Amazon S3 supports a number of server-side encryption types. Mountpoint supports reading objects that are encrypted with Amazon S3 managed keys (SSE-S3), with AWS KMS keys (SSE-KMS), or with dual-layer encryption with AWS KMS keys (DSSE-KMS). It does not currently support reading objects encrypted with customer-provided keys (SSE-C). For new objects written by Mountpoint, Amazon S3 automatically applies server-side encryption with Amazon S3 managed keys (SSE-S3), and Mountpoint does not support using other encryption types.

Mountpoint does not support client-side encryption using the Amazon S3 Encryption Client.

Other S3 bucket configuration

If the bucket you are mounting is a Requester Pays bucket, you must acknowledge that you will be charged for the request and the data transferred, rather than the bucket owner.

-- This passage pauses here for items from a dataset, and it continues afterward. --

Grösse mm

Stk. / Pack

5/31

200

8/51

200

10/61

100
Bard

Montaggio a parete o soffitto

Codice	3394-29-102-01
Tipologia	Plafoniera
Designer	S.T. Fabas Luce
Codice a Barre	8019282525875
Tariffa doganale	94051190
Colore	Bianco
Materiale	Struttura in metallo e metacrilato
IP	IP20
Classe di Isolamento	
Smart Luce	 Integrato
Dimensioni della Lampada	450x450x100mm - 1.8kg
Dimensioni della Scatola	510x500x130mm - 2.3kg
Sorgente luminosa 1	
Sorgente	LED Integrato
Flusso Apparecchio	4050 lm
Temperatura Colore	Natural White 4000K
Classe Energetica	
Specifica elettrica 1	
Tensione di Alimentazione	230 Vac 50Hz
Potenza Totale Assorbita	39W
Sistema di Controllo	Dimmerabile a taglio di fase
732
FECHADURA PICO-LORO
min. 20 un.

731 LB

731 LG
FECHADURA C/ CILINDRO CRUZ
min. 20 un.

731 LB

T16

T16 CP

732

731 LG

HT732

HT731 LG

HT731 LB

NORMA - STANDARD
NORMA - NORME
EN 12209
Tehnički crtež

You provide this acknowledgement by using the --requester-pays command-line flag. If you try to mount a Requester Pays bucket without using this flag, mounting will fail with an Access Denied error.

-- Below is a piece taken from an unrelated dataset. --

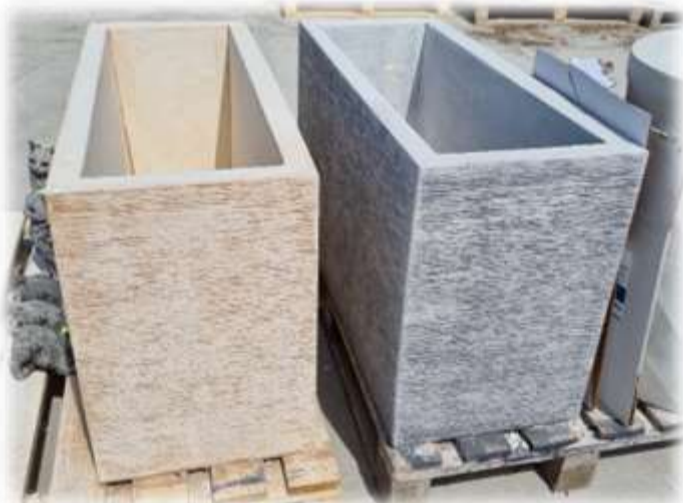

DB019 55kg, H25 Ø59cm Donica prążkowana niska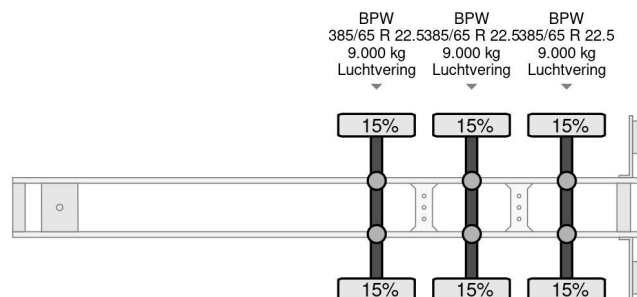

ACCESSOIRES

- Achterdeuren
- Antiblokkeersysteem

BESCHRIJVING

If you want to verify that the S3 bucket you are mounting is owned by the expected AWS account, use the --expected-bucket-owner command-line argument. For example, if you expect the bucket to be owned by the AWS account 111122223333, specify the argument --expected-bucket-owner 111122223333. If the argument doesn't match the bucket owner's account ID, mounting will fail with an Access Denied error.

File system configuration

Mountpoint automatically configures reasonable defaults for file system settings such as permissions and for performance. You can adjust these settings if you need finer control over how the Mountpoint file system behaves.

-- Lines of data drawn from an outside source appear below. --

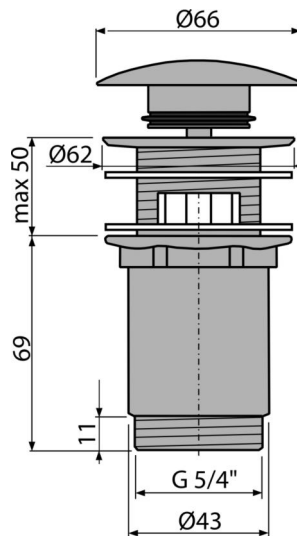

**A392-N-B**

CLICK/CLACK mosdó leeresztő 5/4", túlfolyóval, fémből, nagy dugóval, NICKEL-szálcsiszolt matt

**Alkalmazás**

Mosogatókhoz túlfolyóval

**Jellemzők**

- Hosszú élettartamú mechanizmus CLICK/CLACK
- Anyaga: fém, PVD felülettel
- A felület ellenáll a mechanikai sérülésnek
- Felülről tisztítható szifon - teljes kivehető leeresztő
- Menet a mosdószifon csatlakozásához 5/4"

**Csomag tartalma**

- Kulcs 5/4"-es leeresztőhöz
- Szilikon tömítés 2 db
- Leeresztő
- Dugó NICKEL- szálcsiszolt matt felülettel

**Rendelési szám, Logisztikai információk**

Kód	EAN	Súly (db   csomagolás   paletta)	Méret (db   csomagolás)	Mennyiség (csomagolás   paletta)
A392-N-B	8595580571658	0,41   12,36   395,4 kg	150×75×75   390×240×300 mm	30   960 db

**Garanciák**

2/3 év \*

**Szabványok**

EN 274

**Műszaki adatok**

- Menet 5/4 "

File modifications and deletions

By default, Mountpoint allows creating new files, and does not allow deleting existing objects or overwriting existing objects. You can adjust these defaults in two ways:

  • If you want to allow file deletion, use the --allow-delete command-line flag. When you delete a file from your Mountpoint file system with this flag enabled, the corresponding object is immediately deleted from your S3 bucket.
  • If you want to forbid all mutating actions on your S3 bucket, use the --read-only command-line flag.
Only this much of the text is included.